[Dataset excerpts]
*** Begin section ***

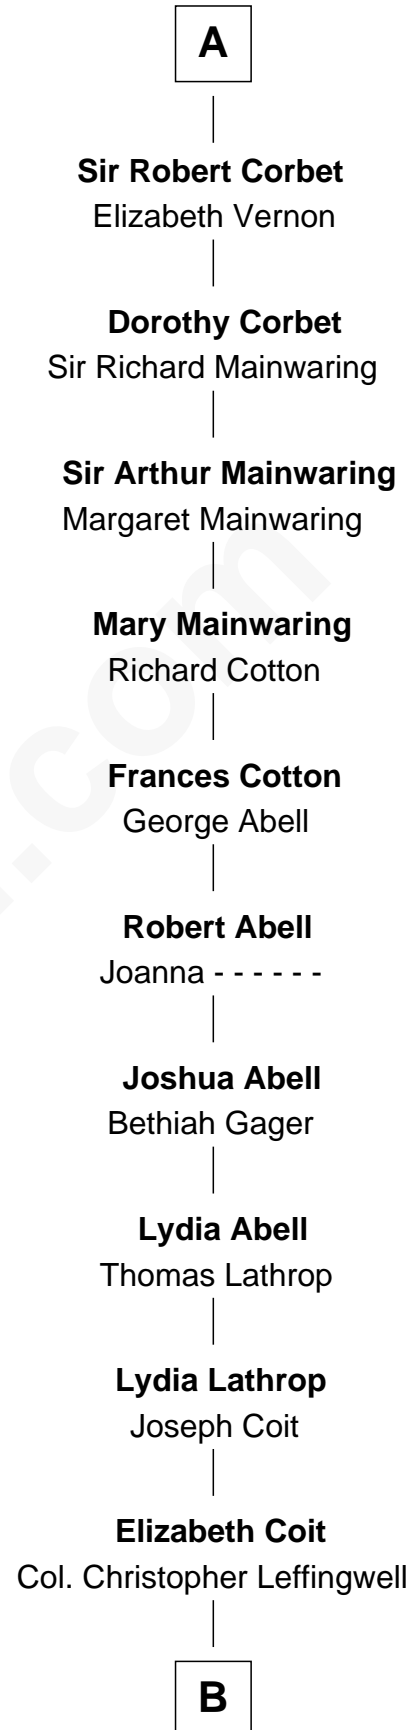

FamousKin.com

Relationship Chart of

Jane Seymour

3rd Wife of King Henry VIII

6th cousin 15 times removed of

Allen Dulles

5th Director of the C.I.A.

B

Joanna Leffingwell

Charles Lathrop

Harriet Wadsworth Lathrop

Rev. Miron Winslow

Harriet Lathrop Winslow

Rev. John Welsh Dulles

Allen Macy Dulles

Edith Foster

*** End section ***

What is needed is a verbatim copy of every entry, with the pictures omitted.

FamousKin.com

Relationship Chart of

Jane Seymour

3rd Wife of King Henry VIII

6th cousin 15 times removed of

Allen Dulles

5th Director of the C.I.A.

B

Joanna Leffingwell

Charles Lathrop

Harriet Wadsworth Lathrop

Rev. Miron Winslow

Harriet Lathrop Winslow

Rev. John Welsh Dulles

Allen Macy Dulles

Edith Foster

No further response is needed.